Home Page: https://saeed-anwar.github.io/publications/

Python 100.00%
image-denoising feature-attention

ridnet's Introduction

Real Image Denoising with Feature Attention

This repository is for Real Image Denoising with Feature Attention (RIDNet) introduced in the following paper

Saeed Anwar, [Nick Barnes], "Real Image Denoising with Feature Attention", ICCV (Oral), 2019

The model is built in PyTorch 0.4.0, PyTorch 0.4.1 and tested on Ubuntu 14.04/16.04 environment (Python3.6, CUDA9.0, cuDNN5.1).

Contents

  1. Introduction
  2. Network
  3. Train
  4. Test
  5. Results
  6. Citation
  7. Acknowledgements

Introduction

Deep convolutional neural networks perform better on images containing spatially invariant noise (synthetic noise); however, their performance is limited on real-noisy photographs and requires multiple stage network modeling.
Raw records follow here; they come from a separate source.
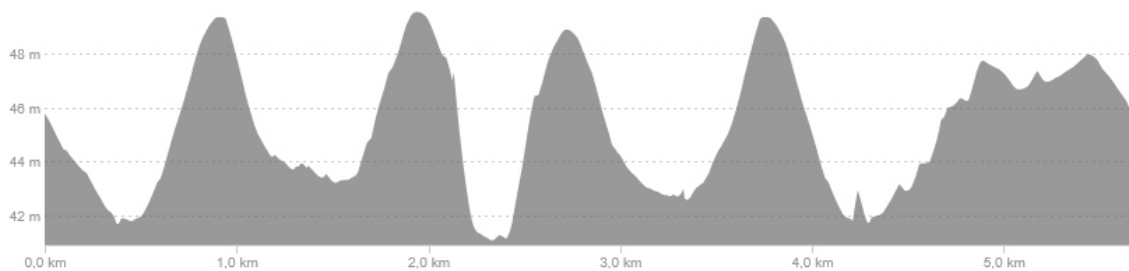

1. ETAPPE

Güldendorfer Bergpreis

Donnerstag, 10.07.2025

GÜLDENDORFER BERGPREIS

Start:	15236 Frankfurt (Oder)/Güldendorf Seestraße Höhe Dorfkirche		
Strecke:	Seestraße/Hohlweg/Hohler Grund/Weinberge/Buschmühlenweg/Seestraße		
Runde:	3,5 km,		
Rennen 1	Elite Frauen/Juniorinnen	15:30 Uhr	20 Rd. = 70 km
Rennen 2	Elite Männer	ca. 17:30 Uhr	30 Rd. = 105,0 km

2. ETAPPE

Rund um Podelzig

Freitag, 11.07.2025

RUND UM PODELZIG

Start:	15326 Podelzig Am Sportplatz		
Strecke:	Am Sportplatz/Hauptstraße/Am Dorfteich/Amselweg/Stallstraße/ Klesiner Straße/Klesiner Bruch/Wuhdener Loose/Wuhdener Weg/Hauptstraße/ Am Schmiedeberg/Kreuzweg/Am Sportplatz		
Runde:	11,1 km		
Rennen 1	U15m/w u. U17w	10:00 Uhr	3 Rd. = 33,3 km
Rennen 2	Elite Frauen/Juniorinnen	ca. 11:30 Uhr	10 Rd. = 111,0 km
Rennen 3	Elite Männer	ca. 14:00 Uhr	14 Rd. = 155,4 km

3. ETAPPE

Großer Preis der Stadt Eisenhüttenstadt

Samstag, 12.07.2025

GROSSER PREIS DER STADT EISENHÜTTENSTADT

Start:	15890 Eisenhüttenstadt, Straße der Republik, Höhe Rathaus		
Strecke:	Straße der Republik/Wende Eisenbahnstraße/Wende Diehloer Straße		
Runde:	5,7 km		
Rennen 1	U15m/w u. U17w	10.00 Uhr	7 Rd. = 39,2 km
Rennen 2	Elite Frauen/Juniorinnen	10.15 Uhr	16 Rd. = 89,6 km
Rennen 3	Elite Männer	13.00 Uhr	22 Rd. = 123,2 km

4. ETAPPE

Großer Preis der Stadt Seelow

Sonntag, 13.07.2025

GROSSER PREIS DER STADT SEELOW

Start:	15306 Seelow, Küstriner Straße Höhe Stadtverwaltung		
Strecke:	Küstriner Straße, Ernst-Thälmann-Straße, Werbiger Straße, Oderbruchstraße		
Runde:	7,2 km		
Rennen 1	U15m/w u. U17w	09.00 Uhr	5 Rd. = 36,0 km
Rennen 2	Stadtmeisterschaft	10.30 Uhr	1 Rd. = 7,2 km
Rennen 3	Elite Frauen/Juniorinnen	ca.11.00 Uhr	10 Rd. = 72 km
Rennen 4	Elite Männer	ca.13.30 Uhr	15 Rd. = 108,0 km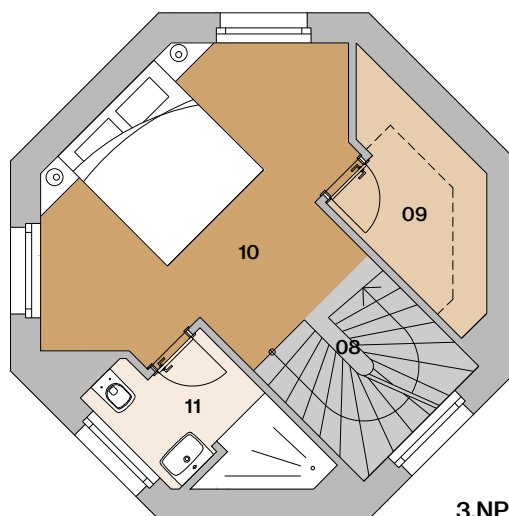

3.NP

Informácie a predaj

0948/ 966 977
predaj@imaginehome.eu
www.imaginehome.eu

Manufaktúra

Bývanie a práca na jednom mieste

* predpokladaná projektová výmera bez prahov dverí, s omietkami a obkladmi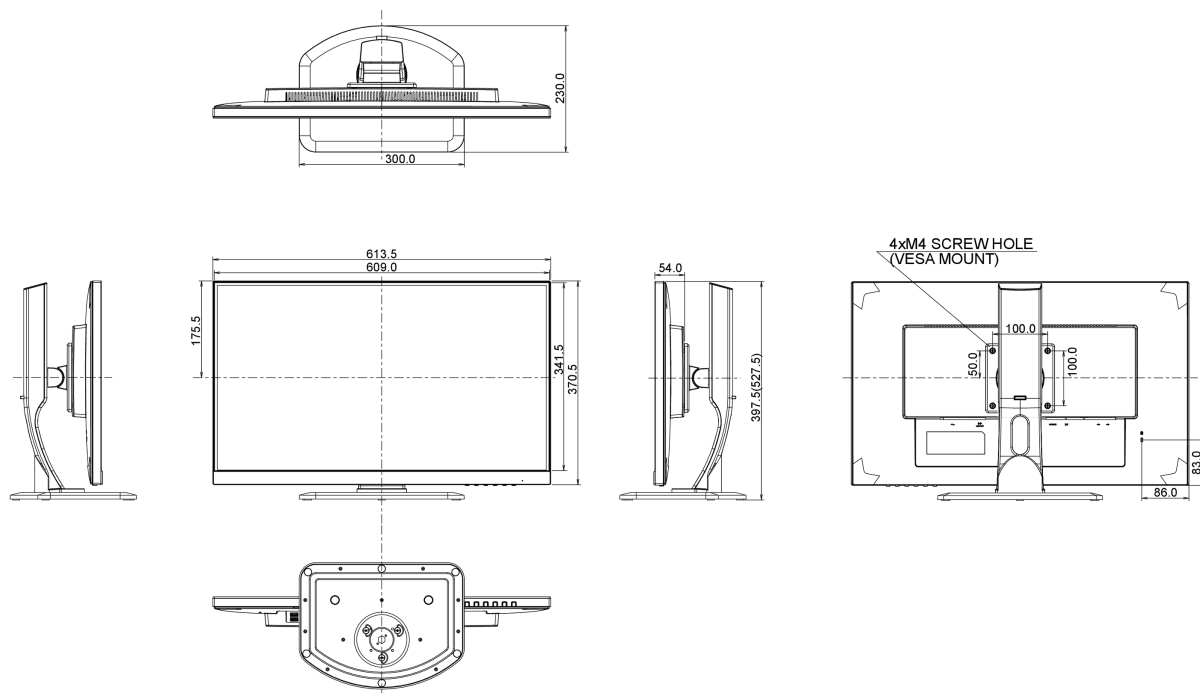

04 MECHANICZNE

Zakres regulacji	wysokość, pivot (rotacja), obrót, pochył
Regulacja wysokości	130mm
Rotacja (funkcja PIVOT)	90°
Obrót stopy	90°; 45° w lewo; 45° w prawo
Kąt pochylenia	22° w górę; 5° w dół
Standard VESA	100 x 100mm

08 WYMIARY / WAGA

Wymiary produktu szer. x wys. x gł.	613.5 x 397.5 (527.5) x 230mm
Waga (bez pudła)	7.2kg
Kod EAN	4948570116409

09 EU ENERGY EFFICIENCY LABEL

Producent	iiyama
Model	G-Master GB2760HSU-B1
Klasa efektywności energetycznej	A
Power in Standby	0.5W stand by
Power in OFF Mode	0.5W off mode
Rozdzielczość	1920 x 1080

To advance the practicability of denoising algorithms, this paper proposes a novel single-stage blind real image denoising network (RIDNet) by employing a modular architecture. We use a residual on the residual structure to ease the flow of low-frequency information and apply feature attention to exploit the channel dependencies. Furthermore, the evaluation in terms of quantitative metrics and visual quality on three synthetic and four real noisy datasets against 19 state-of-the-art algorithms demonstrate the superiority of our RIDNet.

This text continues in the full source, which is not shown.